De manière générale, la gestion assurantielle qui se veut une gestion de conviction et de long terme, trouve dans la diversification un levier pour réduire le risque de défaut moyen identifié dans les portefeuilles. C’est en élargissant le spectre de la diversification que l’on peut tirer pleinement profit de cette source de valeur ajoutée. C’est à ce prix que l’on peut véritablement s’affranchir d’une gestion benchmarkée pour aller chercher de la performance là où le marché cale.

Troisième source : le timing. La construction d’un portefeuille suppose obligatoirement une phase d’achat/montée en charge qu’il va falloir optimiser. Contrairement à ce que l’on peut croire, le véritable risque encouru par les portefeuilles assurantiels obligataires réside plutôt dans une poursuite de baisse des taux, et beaucoup moins dans la hausse des taux. En ce sens, les quelques mouvements de tensions-corrections haussières sur les taux est une opportunité pour surpondérer les investissements, voire investir par anticipation. À titre d’exemple, l’un de nos gros portefeuilles a réussi à capter 20 points de base supplémentaires sur 2 ans par rapport à une gestion au fil de l’eau (selon un algorithme bien défini), grâce à cette optimisation du timing d’investissement.

Quatrième source de valeur ajoutée : la gestion du risque. Dans le cadre d’une gestion de conviction, contrairement à ce que l’on peut constater dans le cadre de la stratégie de « Buy and Hold », il peut être intéressant de vendre les titres avant échéance. Pour cela, il est nécessaire de s’appuyer sur une équipe de recherche crédit spécialisée et intégrée. Chez Ostrum AM, celle-ci a même développé sa propre méthodologie de notation, de manière à pouvoir challenger et anticiper les décisions des agences de notation classiques. Pendant les périodes de stress de crédit, les vues fondamentales des analystes ont été d’une extrême utilité pour décider ou non de se séparer de certains crédits très chahutés. Dans ces mêmes mouvements de stress, renforcer ces crédits, en bénéficiant d’une bonne vision de crédit fondamentale, peut-être une « aubaine » pour capter un rendement supplémentaire.

Cinquième et dernière source de valeur ajoutée : les arbitrages.
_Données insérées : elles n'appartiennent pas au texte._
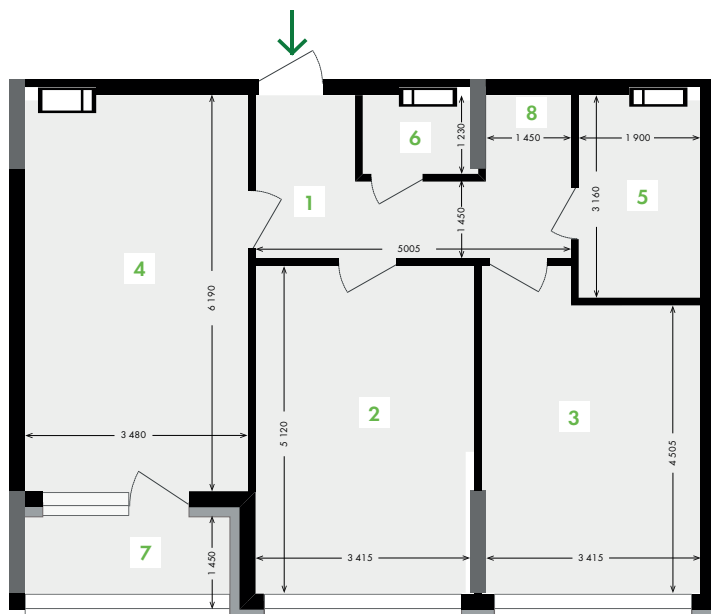

пов.	2	3	4	5	6	7	8	9	10	11	12
№ кв.	4	14	24	34	44	54	64	74	84	94	104

План типового поверху

Секція 6 • Поверх 2-12

1 Коридор.....	8,02 м ²	5 Санвузол.....	5,83 м ²
2 Кімната.....	17,38 м ²	6 Санвузол.....	1,89 м ²
3 Кімната.....	16,14 м ²	7 Лоджія.....	2,32 м ²
4 Кухня.....	21,28 м ²	8 Гардероб.....	1,80 м ²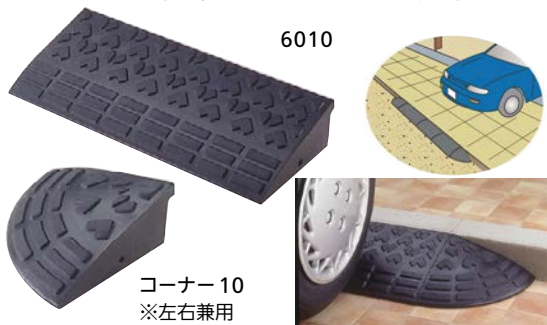

車庫前の歩道上がりや玄関前の段差に。

- ■車庫前の舗道上がりや玄関前の段差に設置することで、段差越えの衝撃を和らげ、スムーズに出入りできます。
- ■製品本体に重みがあるので、雨水などに流されにくい。
- ■音が静かで、割れや変形も少ない。
- ■環境に配慮し、再生ゴムを使用しています。

⚠ 使用上のご注意

- ●本品は普通乗用車の車重程度を対象にしていますので、運搬車輻でのご使用は避けてください。
- ●軟弱な場所でのご使用は避け、平らな所に設置してください。
- ●私道以外の路上への放置はしないでください。
- ●設置部の段差が本品の高さより低い所へのご使用は避けてください。跳ね上がり事故の原因となります。
- ●定期的なボルトの緩みがないことを確認してください。
- ●破損や変形が起きた場合は、ご使用を中止してください。

リッチェル ロードアップG

商品コード	タイプ	幅	奥行	高さ	重量	価格
477-0171	6010	600	250	95	7.5kg	1個 3,800円(税抜き)
477-0172	9010	900			11.5kg	1個 5,300円(税抜き)
477-0173	コーナー10	250			2.4kg	1個 2,300円(税抜き)

- ●材質: 再生ゴム ●色: 黒 ●付属品(連結用部品): 六角ボルト M8×60 1本、ナット1個、ワッシャー2個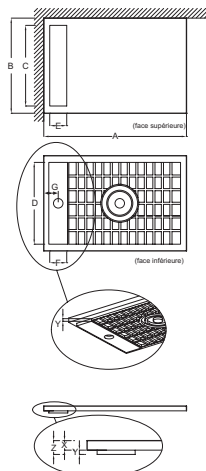

Dessin technique

Mm	A	B	C (face supérieure)	D (face inférieure)	E (face supérieure)	F (face inférieure)	G	Y
E66510	800	800	678	688	143	159	106	18
E66511	900	900	778	790	143	159	106	16
E66517	1000	700	578	591	143	159	106	11
E66512	1000	800	678	688	143	159	106	18
E66550	1000	900	778	790	143	159	106	16
E66518	1200	700	578	591	143	159	106	11
E66513	1200	800	678	688	143	159	106	18
E66514	1200	900	778	790	143	159	106	16
E66551	1200	1000	778	790	143	159	106	16
E66552	1400	700	778	790	143	159	106	16
E66515	1400	800	578	591	143	159	106	18
E66516	1400	900	778	790	143	159	106	11
E66553	1400	1000	778	790	143	159	106	16
E66519	1500	800	678	688	143	159	106	18
E66520	1600	800	678	688	143	159	106	18
E66521	1600	900	778	790	143	159	106	16
E66522	1700	800	678	688	143	159	106	18
E66523	1800	800	678	688	143	159	106	18

largeur du receveur (mm)	X	Y	Z
700	40	11	51
800	40	18	58
900	40	16	56

Descriptif CCTP : Receveur rectangulaire 120 x 80 cm. E66513. Collection : FLIGHT NEUS. DIMENSIONS : 120 x 80 x 4 cm. POIDS : 24 kg. MATÉRIAU : Flight. TYPE D'INSTALLATION : Surélevé, posé ou encastré. FORME : Rectangulaire. DIAMÈTRE DE BONDE (CM) : 90 mm. MOTIF DE SURFACE : Lisse. NIVEAU D'ADHÉRENCE : Classe A / PN 6. LIVRÉ AVEC BONDE : Non. KIT DE RÉHAUSSE EN OPTION : Oui. Garantie 10 ans.

*En raison des variations possibles dans le réglage de votre ordinateur et de votre imprimante, de facteurs techniques et des caractéristiques particulières de certaines de nos finitions, les couleurs ne sont pas représentatives de la réalité mais sont seulement une indication.

Et c’est là où la gestion « Buy and Maintain » avec un biais dynamique se distingue des autres. Pour naviguer dans un contexte de taux bas, il faut en effet faire preuve d’opportunisme. Et pour cela, il ne faut pas hésiter à arbitrer le stock de titres déjà accumulé ; arbitrages entre classes d’actifs, secteurs, différents segments de maturités (arbitrage de courbe, etc), marché primaire vs marché secondaire. Sans oublier que ces opérations d’arbitrage ne doivent en aucun cas occulter le fait que nous travaillons toujours dans une optique de long terme, afin de trouver le meilleur couple rendement-risque, et non pour optimiser un couple de rendement répondant à une logique de pari tactique (sur le court terme). Cette différence est cruciale dans la philosophie d'arbitrage de notre stratégie de « Buy and Maintain » assurantielle.

Il est donc faux de penser que la gestion obligataire assurantielle est forcément passive ou du moins inactive. Compte tenu de la situation macroéconomique actuelle et de ses conséquences sur la politique monétaire internationale, il ne faut pas compter sur une remontée des taux à court terme. Il est par conséquent important d’aller capter des écarts de spread dans le cadre d’une gestion dynamique qui n’exclut pas une approche prudente et de long terme. Et pour cela, la stratégie « Buy and Maintain » est la plus efficace du moment.

1 Le « Buy and Hold » désigne une stratégie d’investissement dans laquelle un investisseur achète des titres de créances et les garde en portefeuille jusqu’à leurs maturités.

2 La stratégie « Buy and Maintain » est soumise notamment à des risques de perte de capital (risque de défaut), des risques de taux et des risques de change.